Scorer For Description
GenScorer generate_until tasks Configurable generation scoring
LLScorer loglikelihood / multiple_choice tasks Log-likelihood based scoring
ChoiceMatchScorer generate_until tasks Extract and match a letter answer (A/B/C/D)
FirstTokenScorer generate_until tasks Score based on the first generated token
RegexExtractionScorer generate_until tasks Extract an answer using a regex pattern

Configuring scorers in YAML

Scorers are configured via the scorer field or are auto-configured by formats:

# Explicit scorer configuration
scorer:
  type: regex_extraction
  kwargs:
    regex_pattern: "The answer is (\\w+)"

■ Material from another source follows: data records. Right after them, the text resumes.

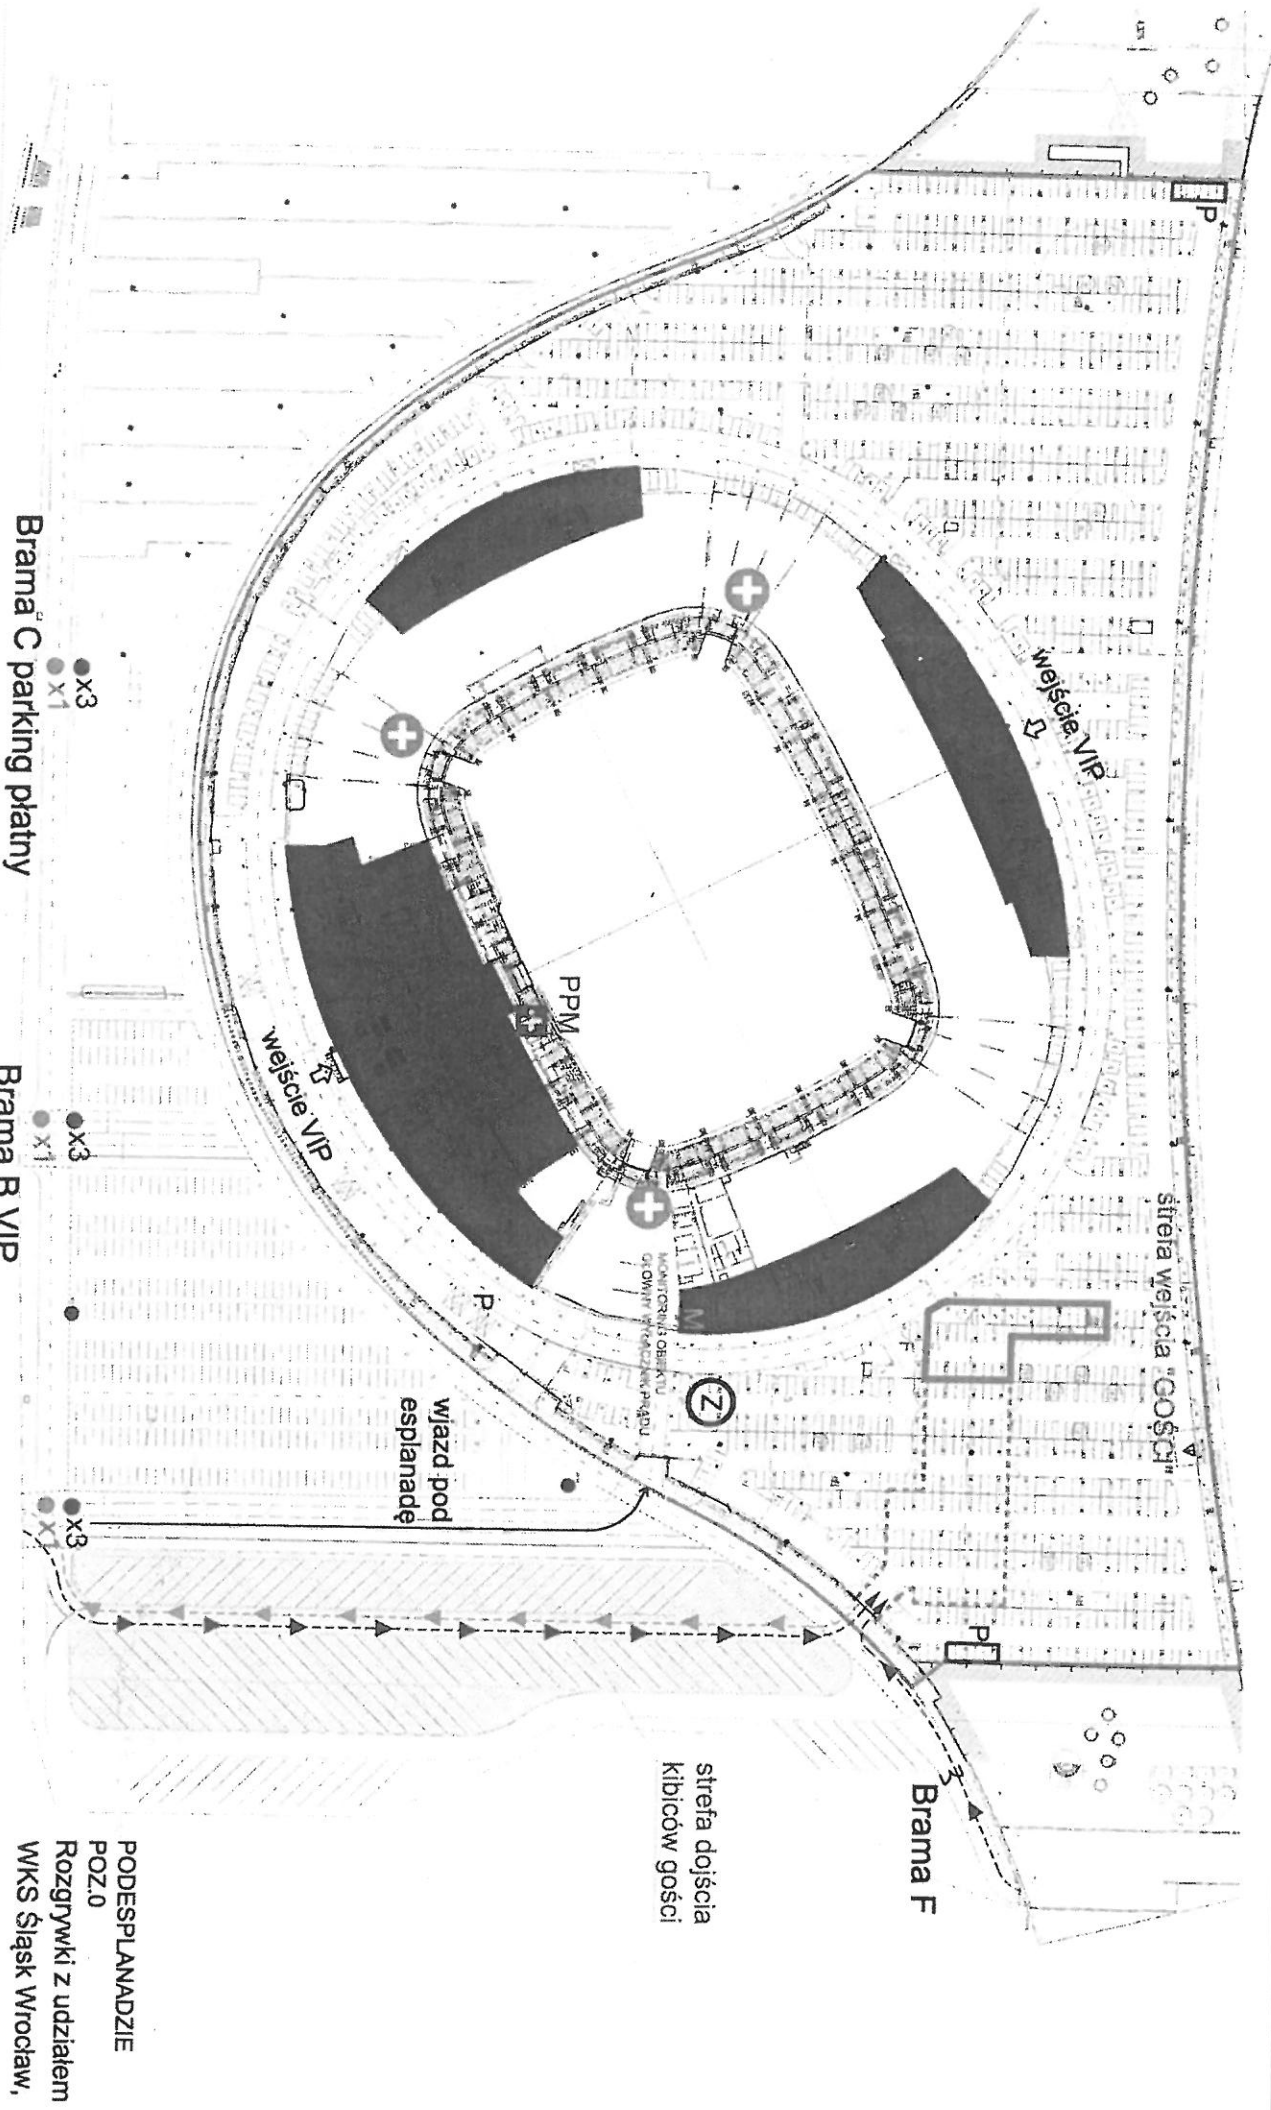

LEGENDA

- WYJŚCIA EWAKUACYJNE
- DROGI DOJŚCIA I ROZEJŚCIA WIDZÓW
- SŁUŻBA PORZĄDKOWA (x1)
- SŁUŻBA INFORMACYJNA (x1)
- CZĘŚĆ OBIEKTU WYŁĄCZONA Z IMPREZY MASOWEJ
- PATROL
- ILOŚCI SŁUŻB PORZĄDKOWEJ/INFORMACYJNEJ
- MIEJSCE POSTOJU KARETKI
- DROGA DOJAZDOWA DLA SŁUŻB
- DWUWARIANTOWA OPCJA DOJŚCIA KIBICÓW GOŚCI
- DWUWARIANTOWA OPCJA WYJŚCIA KIBICÓW GOŚCI
- PUNKT PRZEJĘCIA SIŁ I ŚRODKÓW
- POLICJA
- KOMISARIAT POLICJI
- TEREN IMPREZY MASOWEJ
- PPM - PUNKT POMOCY MEDYCZNEJ
- HYDRANT I GAŚNICE

Brama C parking płatny

Brama B VIP

Brama F

PODESPLANADZIE
 POZ.0
 Rozgrywki z udziałem
 WKS Śląsk Wrocław,

In practice, most tasks use the implicit scorer that is set up by the filter_list and metric_list fields, or by the formats field if using prompt formats.

Precedence rules

When the harness resolves scoring configuration, the precedence is:

  1. Explicit configfilter_list / metric_list in the YAML or passed as overrides
  2. Scorer class defaultsdefault_filter_cfg / default_metric_cfg ClassVars on the scorer
  3. Fallbacknoop filter / output-type-appropriate default metrics

Repeats and reduction

When repeats > 1, the model runs on each document multiple times (useful for self-consistency or sampling-based evaluation):

repeats: 64

Each repeat produces a separate response, and the reduction function collapses them:

metric_list:
  - metric: exact_match
    reduction: mean          # Average across 64 repeats

The default reduction is take_first — only the first repeat is scored. For self-consistency patterns, combine repeats with filter pipelines that do majority voting (see Filters).

Per-pipeline metrics

When using multiple filter pipelines, each pipeline can have its own metrics:

filter_list:
  - name: "strict-match"
    filter:
      - function: "regex"
        regex_pattern: "The answer is (\\d+)"
      - function: "take_first"
    metric_list:
      - metric: exact_match

  - name: "flexible-match"
    filter:
      - function: "take_first"
    metric_list:
      - metric: exact_match
        ignore_case: true

If a pipeline doesn't specify metric_list, it inherits the task-level metric_list.

Custom metrics

For metrics not built into the harness, you can use !function to reference a Python function:

metric_list:
  - metric: !function utils.my_custom_metric
    aggregation: mean
    higher_is_better: true

For more details on implementing custom metrics, including the Metric[_T, _K] generic class and registration, see Custom Metrics & Filters.